有个结构表示了ramoops的context:
struct ramoops_context {
struct persistent_ram_zone **przs;
struct persistent_ram_zone *cprz;
struct persistent_ram_zone *fprz;
struct persistent_ram_zone *mprz;
phys_addr_t phys_addr;
unsigned long size;
unsigned int memtype;
size_t record_size;
size_t console_size;
size_t ftrace_size;
size_t pmsg_size;
int dump_oops;
struct persistent_ram_ecc_info ecc_info;
unsigned int max_dump_cnt;
unsigned int dump_write_cnt;
/* _read_cnt need clear on ramoops_pstore_open */
unsigned int dump_read_cnt;
unsigned int console_read_cnt;
unsigned int ftrace_read_cnt;
unsigned int pmsg_read_cnt;
struct pstore_info pstore;
};
在ramoops_probe时也是把ramoops_platform_data的成员赋给了context对应的。

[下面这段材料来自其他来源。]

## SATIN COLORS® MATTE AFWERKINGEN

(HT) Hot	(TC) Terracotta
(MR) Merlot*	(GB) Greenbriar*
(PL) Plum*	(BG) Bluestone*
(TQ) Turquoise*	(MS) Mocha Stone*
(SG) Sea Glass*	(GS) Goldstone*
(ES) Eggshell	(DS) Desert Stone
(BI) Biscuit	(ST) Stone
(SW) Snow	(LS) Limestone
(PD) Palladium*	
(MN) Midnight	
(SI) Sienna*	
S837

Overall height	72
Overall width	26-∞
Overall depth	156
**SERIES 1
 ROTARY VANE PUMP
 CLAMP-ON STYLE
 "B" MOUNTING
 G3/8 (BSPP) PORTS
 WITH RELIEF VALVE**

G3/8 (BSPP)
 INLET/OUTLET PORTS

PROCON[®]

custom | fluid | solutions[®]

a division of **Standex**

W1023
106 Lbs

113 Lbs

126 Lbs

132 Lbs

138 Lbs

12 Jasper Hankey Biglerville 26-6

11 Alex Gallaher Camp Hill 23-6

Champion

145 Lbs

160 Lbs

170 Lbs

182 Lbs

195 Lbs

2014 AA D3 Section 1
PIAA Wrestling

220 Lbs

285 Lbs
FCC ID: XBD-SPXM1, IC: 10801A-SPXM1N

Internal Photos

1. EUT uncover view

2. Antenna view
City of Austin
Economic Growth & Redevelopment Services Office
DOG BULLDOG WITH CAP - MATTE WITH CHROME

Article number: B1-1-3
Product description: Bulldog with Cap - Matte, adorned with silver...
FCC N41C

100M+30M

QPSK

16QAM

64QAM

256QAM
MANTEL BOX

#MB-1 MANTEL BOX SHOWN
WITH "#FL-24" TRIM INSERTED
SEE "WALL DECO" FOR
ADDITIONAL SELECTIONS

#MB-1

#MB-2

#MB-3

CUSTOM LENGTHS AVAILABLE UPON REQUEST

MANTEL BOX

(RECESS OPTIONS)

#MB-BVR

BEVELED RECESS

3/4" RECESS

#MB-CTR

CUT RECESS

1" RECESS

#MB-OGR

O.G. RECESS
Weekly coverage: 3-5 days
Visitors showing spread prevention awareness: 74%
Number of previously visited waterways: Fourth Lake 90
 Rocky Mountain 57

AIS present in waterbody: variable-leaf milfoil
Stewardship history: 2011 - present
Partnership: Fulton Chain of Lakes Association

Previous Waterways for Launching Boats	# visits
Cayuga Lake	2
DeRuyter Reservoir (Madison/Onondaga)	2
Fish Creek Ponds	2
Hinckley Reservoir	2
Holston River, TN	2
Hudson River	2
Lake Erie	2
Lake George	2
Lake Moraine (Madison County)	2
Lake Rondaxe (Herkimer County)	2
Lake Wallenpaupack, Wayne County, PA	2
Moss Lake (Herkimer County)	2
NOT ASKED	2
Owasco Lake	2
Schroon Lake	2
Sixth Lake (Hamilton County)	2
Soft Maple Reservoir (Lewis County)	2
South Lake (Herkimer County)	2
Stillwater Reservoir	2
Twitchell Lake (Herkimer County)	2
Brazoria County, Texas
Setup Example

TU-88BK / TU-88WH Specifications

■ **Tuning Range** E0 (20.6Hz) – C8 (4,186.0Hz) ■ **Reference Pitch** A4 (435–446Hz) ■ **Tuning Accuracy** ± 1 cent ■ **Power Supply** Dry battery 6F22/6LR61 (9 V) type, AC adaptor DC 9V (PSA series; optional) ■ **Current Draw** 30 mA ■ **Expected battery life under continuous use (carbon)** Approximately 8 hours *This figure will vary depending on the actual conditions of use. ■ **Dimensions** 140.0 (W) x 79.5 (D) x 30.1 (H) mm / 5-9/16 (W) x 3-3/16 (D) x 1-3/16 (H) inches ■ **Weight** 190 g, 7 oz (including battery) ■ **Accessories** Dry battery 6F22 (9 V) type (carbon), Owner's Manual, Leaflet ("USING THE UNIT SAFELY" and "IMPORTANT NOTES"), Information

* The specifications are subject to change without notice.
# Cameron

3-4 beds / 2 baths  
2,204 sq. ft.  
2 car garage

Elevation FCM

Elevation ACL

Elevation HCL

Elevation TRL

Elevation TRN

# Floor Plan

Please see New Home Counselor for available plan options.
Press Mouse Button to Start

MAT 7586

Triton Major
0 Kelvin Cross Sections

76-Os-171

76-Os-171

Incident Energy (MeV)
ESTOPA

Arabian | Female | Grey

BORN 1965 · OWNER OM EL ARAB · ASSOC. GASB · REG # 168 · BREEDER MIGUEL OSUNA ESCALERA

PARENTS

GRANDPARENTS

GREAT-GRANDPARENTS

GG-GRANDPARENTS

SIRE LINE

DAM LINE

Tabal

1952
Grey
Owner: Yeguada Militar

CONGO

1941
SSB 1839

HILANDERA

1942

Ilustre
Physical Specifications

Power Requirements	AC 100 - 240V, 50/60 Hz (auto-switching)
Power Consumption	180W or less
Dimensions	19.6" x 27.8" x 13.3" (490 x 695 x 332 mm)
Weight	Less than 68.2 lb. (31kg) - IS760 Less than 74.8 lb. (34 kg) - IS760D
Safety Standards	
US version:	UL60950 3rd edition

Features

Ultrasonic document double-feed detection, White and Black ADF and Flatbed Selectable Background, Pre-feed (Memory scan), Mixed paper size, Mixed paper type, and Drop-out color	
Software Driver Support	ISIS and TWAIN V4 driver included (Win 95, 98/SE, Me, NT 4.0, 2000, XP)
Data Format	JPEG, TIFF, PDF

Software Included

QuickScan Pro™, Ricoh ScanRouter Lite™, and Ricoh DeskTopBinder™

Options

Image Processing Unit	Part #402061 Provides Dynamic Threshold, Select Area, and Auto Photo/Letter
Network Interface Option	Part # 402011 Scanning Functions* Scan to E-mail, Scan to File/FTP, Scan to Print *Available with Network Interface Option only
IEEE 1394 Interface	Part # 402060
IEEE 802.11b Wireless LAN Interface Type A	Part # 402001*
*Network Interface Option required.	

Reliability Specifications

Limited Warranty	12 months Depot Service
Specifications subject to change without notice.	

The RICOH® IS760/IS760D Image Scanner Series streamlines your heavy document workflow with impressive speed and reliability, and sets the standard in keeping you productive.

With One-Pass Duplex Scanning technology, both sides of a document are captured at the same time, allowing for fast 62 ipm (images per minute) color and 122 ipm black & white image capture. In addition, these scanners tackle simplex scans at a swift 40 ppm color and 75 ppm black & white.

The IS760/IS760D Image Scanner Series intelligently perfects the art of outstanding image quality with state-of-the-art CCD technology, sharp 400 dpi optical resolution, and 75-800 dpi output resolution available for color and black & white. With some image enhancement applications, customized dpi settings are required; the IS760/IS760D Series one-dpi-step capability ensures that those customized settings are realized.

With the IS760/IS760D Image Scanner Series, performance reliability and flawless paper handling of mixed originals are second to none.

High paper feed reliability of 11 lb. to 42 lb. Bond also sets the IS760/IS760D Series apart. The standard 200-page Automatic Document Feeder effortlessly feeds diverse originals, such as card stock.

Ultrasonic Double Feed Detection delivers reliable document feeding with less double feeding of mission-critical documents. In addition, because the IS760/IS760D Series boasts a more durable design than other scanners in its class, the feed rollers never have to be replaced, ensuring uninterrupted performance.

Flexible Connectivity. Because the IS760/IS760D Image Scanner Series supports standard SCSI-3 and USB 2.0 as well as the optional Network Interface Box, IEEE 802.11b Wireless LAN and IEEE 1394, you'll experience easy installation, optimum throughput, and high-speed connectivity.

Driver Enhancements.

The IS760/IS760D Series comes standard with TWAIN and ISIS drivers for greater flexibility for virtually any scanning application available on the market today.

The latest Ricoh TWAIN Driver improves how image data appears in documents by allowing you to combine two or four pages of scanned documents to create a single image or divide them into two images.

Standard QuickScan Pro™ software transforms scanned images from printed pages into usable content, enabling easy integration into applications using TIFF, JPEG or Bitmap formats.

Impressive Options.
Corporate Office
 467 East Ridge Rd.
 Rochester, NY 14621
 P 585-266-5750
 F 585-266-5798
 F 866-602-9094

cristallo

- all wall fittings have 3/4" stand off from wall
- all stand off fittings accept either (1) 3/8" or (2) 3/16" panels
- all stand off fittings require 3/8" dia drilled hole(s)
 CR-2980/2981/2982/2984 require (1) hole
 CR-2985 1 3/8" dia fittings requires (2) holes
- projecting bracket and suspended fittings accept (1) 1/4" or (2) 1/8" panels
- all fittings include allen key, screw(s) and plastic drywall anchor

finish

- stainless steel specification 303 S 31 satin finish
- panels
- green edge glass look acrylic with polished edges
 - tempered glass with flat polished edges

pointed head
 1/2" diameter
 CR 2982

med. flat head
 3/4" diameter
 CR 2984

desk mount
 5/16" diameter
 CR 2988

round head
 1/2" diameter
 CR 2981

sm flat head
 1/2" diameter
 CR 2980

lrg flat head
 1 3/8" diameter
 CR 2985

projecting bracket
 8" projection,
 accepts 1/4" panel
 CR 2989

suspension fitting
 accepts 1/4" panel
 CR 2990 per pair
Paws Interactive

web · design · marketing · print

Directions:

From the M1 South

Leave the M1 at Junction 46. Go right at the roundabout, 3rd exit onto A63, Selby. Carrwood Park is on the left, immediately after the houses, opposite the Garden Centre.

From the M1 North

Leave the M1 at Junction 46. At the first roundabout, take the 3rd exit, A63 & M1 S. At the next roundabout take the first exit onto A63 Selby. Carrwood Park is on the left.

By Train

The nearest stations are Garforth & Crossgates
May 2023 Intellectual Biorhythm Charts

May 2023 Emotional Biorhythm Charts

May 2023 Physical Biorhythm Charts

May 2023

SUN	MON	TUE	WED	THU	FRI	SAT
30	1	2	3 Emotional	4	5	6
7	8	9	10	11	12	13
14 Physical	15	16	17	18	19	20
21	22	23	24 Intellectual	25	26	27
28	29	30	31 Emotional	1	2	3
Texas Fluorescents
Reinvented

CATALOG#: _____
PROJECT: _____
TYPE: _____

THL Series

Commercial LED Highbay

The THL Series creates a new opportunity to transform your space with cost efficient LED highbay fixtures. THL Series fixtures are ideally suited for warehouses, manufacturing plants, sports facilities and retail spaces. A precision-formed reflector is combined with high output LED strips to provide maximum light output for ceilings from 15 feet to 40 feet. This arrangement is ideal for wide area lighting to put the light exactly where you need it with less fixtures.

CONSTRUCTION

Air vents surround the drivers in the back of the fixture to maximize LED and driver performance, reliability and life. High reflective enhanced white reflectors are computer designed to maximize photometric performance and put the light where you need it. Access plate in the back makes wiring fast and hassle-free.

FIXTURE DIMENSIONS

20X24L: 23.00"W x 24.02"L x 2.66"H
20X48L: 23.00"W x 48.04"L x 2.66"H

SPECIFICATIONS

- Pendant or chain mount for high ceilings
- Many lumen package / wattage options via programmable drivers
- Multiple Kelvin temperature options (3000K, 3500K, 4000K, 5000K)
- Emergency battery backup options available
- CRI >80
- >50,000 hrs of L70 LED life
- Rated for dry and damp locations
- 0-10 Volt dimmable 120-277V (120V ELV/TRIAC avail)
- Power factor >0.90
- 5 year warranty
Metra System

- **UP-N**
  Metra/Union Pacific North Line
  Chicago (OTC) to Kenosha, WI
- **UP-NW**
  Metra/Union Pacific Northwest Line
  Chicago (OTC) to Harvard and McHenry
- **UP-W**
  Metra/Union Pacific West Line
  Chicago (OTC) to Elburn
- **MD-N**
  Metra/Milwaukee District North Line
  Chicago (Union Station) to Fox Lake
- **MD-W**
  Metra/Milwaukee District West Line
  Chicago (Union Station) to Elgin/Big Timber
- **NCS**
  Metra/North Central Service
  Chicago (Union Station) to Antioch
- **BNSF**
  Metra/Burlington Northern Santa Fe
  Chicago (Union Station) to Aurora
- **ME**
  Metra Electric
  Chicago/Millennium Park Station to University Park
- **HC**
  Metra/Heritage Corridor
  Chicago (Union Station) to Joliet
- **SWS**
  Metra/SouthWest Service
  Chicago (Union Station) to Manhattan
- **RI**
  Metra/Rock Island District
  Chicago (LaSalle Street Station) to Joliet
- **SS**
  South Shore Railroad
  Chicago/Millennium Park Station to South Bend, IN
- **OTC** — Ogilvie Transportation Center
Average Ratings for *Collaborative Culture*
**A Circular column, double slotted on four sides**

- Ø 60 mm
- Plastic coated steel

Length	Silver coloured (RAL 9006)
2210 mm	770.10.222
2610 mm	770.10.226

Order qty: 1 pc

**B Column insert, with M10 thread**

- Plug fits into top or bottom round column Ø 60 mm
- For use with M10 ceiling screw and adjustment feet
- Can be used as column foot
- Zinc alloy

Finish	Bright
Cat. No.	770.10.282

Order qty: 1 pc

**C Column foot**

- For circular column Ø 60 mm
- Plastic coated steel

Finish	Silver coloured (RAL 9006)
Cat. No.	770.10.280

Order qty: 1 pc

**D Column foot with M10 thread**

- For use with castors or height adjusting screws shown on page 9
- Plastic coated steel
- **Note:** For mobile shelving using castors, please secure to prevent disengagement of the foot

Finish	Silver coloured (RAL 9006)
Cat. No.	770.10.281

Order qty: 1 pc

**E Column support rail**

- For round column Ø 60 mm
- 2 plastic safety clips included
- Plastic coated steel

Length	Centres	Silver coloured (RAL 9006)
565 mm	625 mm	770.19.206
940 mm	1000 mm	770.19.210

要了解具体含义,继续probe:
paddr = cxt->phys_addr; dump_mem_sz = cxt->size - cxt->console_size - cxt->ftrace_size - cxt->pmsg_size; err = ramoops_init_przs(dev, cxt, &paddr, dump_mem_sz); if (err) goto fail_out; err = ramoops_init_prz(dev, cxt, &cxt->cprz, &paddr, cxt->console_size, 0); if (err) goto fail_init_cprz; err = ramoops_init_prz(dev, cxt, &cxt->fprz, &paddr, cxt->ftrace_size, LINUX_VERSION_CODE); if (err) goto fail_init_fprz; err = ramoops_init_prz(dev, cxt, &cxt->mprz, &paddr, cxt->pmsg_size, 0); if (err) goto fail_init_mprz; cxt->pstore.data = cxt;
可见,是逐个init每个persistant ram zone,size一共有4段:
dump_mem_sz + cxt->console_size + cxt->ftrace_size + cxt->pmsg_size = cxt->size
mem_size就是总大小了,mem_address是ramoops的物理地址,record_size再看下oops/panic ram:
static int ramoops_init_przs(struct device *dev, struct ramoops_context *cxt,
phys_addr_t *paddr, size_t dump_mem_sz)
{
int err = -ENOMEM;
int i;
if (!cxt->record_size)
return 0;
if (*paddr + dump_mem_sz - cxt->phys_addr > cxt->size) {
dev_err(dev, "no room for dumps
");
return -ENOMEM;
}
cxt->max_dump_cnt = dump_mem_sz / cxt->record_size;
if (!cxt->max_dump_cnt)
return -ENOMEM;
ok dump_mem_size大小的区域分成max_dump_cnt个,每个记录大小是record_size。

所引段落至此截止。